We expect the rules and regulations applicable to public companies to continue to substantially increase our legal and financial compliance costs and to make some activities more time-consuming and costly. If these requirements divert the attention of our management and personnel from other business concerns, they could have a material adverse effect on our business, financial condition and results of operations. The increased costs will decrease our net income or increase our consolidated net loss and may require us to reduce costs in other areas of our business or increase the prices of our approved medicines and any then-approved product or services. For example, we expect these rules and regulations to make it more difficult and more expensive for us to obtain director and officer liability insurance and we may be required to incur substantial costs to maintain the same or similar coverage. We cannot predict or estimate the amount or timing of additional costs we may incur to respond to these requirements. The impact of these requirements could also make it more difficult for us to attract and retain qualified persons to serve on our board of directors, our board committees or as executive officers.

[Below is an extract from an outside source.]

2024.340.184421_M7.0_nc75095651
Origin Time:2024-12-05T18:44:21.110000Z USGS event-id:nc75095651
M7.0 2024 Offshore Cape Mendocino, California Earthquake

If securities or industry analysts publish inaccurate or unfavorable research about our business, our stock price and trading volume could decline.

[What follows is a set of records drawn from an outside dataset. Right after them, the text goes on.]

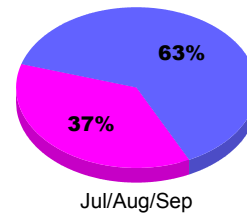

Gender Comparison 2011-2012

Jul/Aug/Sep

Legend: Male (Blue), Female (Magenta)
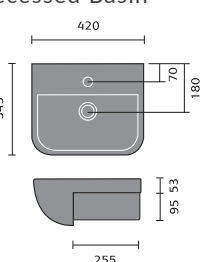

Provence 55cm  
Semi Recessed Basin

Spacesaver Curved  
Semi Recessed Basin

Spacesaver Square  
Semi Recessed Basin

Spacesaver  
Soft Round Semi  
Recessed Basin
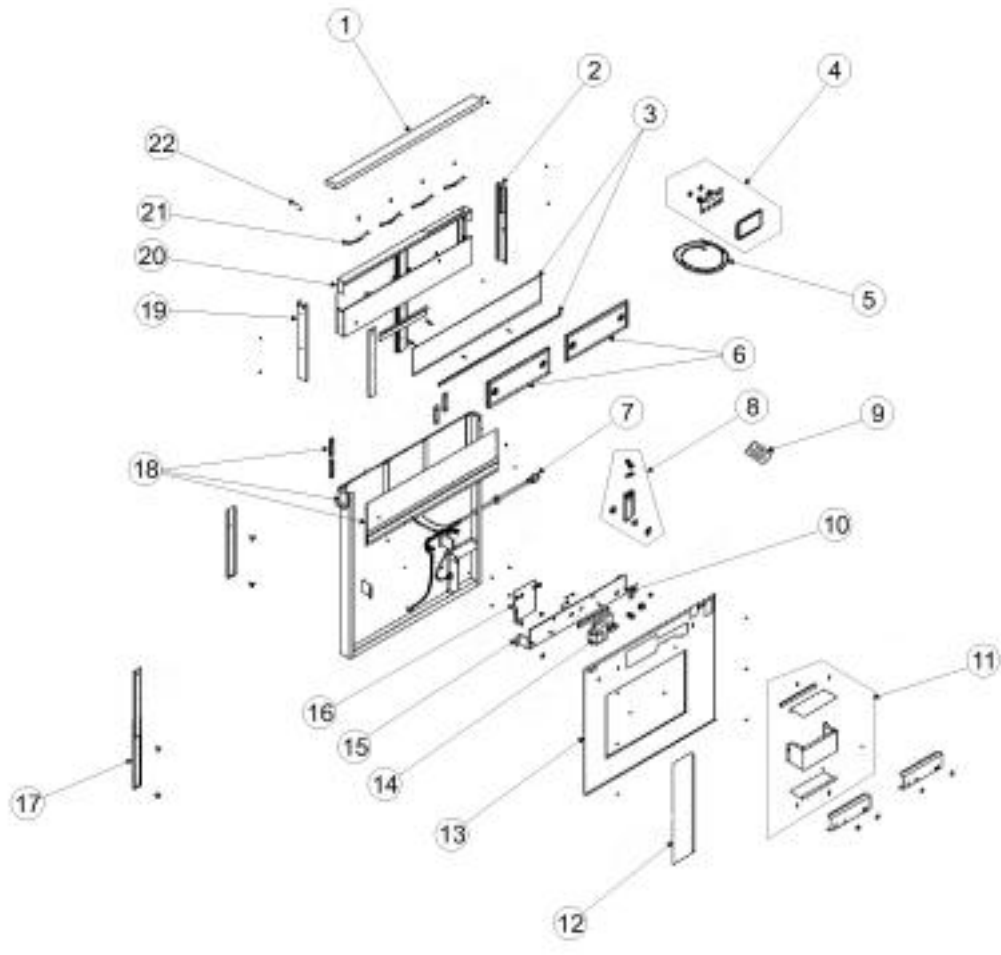

This Owner's Manual is provided and hosted by [Appliance Factory Parts](#).

VIKING DIPR101R Owner's Manual

[Shop genuine replacement parts for VIKING DIPR101R](#)

[Find Your VIKING Range Hoods Parts - Select From 411 Models](#)

----- Manual continues below -----

Ref #	Part Number	Qty.	Description
1	PV300176	1	TOP COVER ASSEMBLY (DIPR101RSS)
2	PV300115	1	RIGHT END CAP
3	PV300117	1	TRIM PANEL (VIPR102RSS, VIPR102SS)
4	022213-000	1	REMOTE CONTROL ASSEMBLY - BK
NI	022214-000	1	REMOTE CONTROL ASSEMBLY - GRAY
5	022203-000	1	REMOTE CABLE
6	PV300179	2	FILTER ASSY DIPR
7	PV300197	1	POWER CORD ASSEMBLY
8	PV300123	1	CRANK ASSEMBLY
9	PV300095	1	FSTNR PK 6-10X1.5
10	PV300045	1	GROUND SCREW
11	PS200016	1	GEAR MOTOR COVER ASSEMBLY
12	PV210009	1	AIRBOX OPENING COVER (VIPR102RSS, VIPR102SS)
13	PV300189	1	AIRBOX FRONT (VIPR102RSS, VIPR102SS)
14	PS200014	1	GEAR MOTOR KIT
15	PS200019	1	MOTOR BRACKET ASSEMBLY
16	022201-000	1	LOWER PCB
17	PV300120	1	CHIMNEY SLIDE
18	028636-000	1	AIR BOX WELDMENT (DIPR101RSS)
19	PV300116	1	LEFT END CAP
20	028558-000	1	CHIMNEY WELDMENT
21	PV300111	4	SUB TO PV300154 - FLTR CLP NYL RIV
22	PV300174	4	SCREW 8-18 PH HD VIPR 97015782

The trading market for our common stock depends in part on the research and reports that securities or industry analysts publish about us or our business. If one or more of the analysts who covers us downgrades our stock or publishes inaccurate or unfavorable research about our business, our stock price may decline. If one or more of these analysts ceases coverage of our company or fails to publish reports on us regularly, demand for our stock could decrease, which might cause our stock price and trading volume to decline.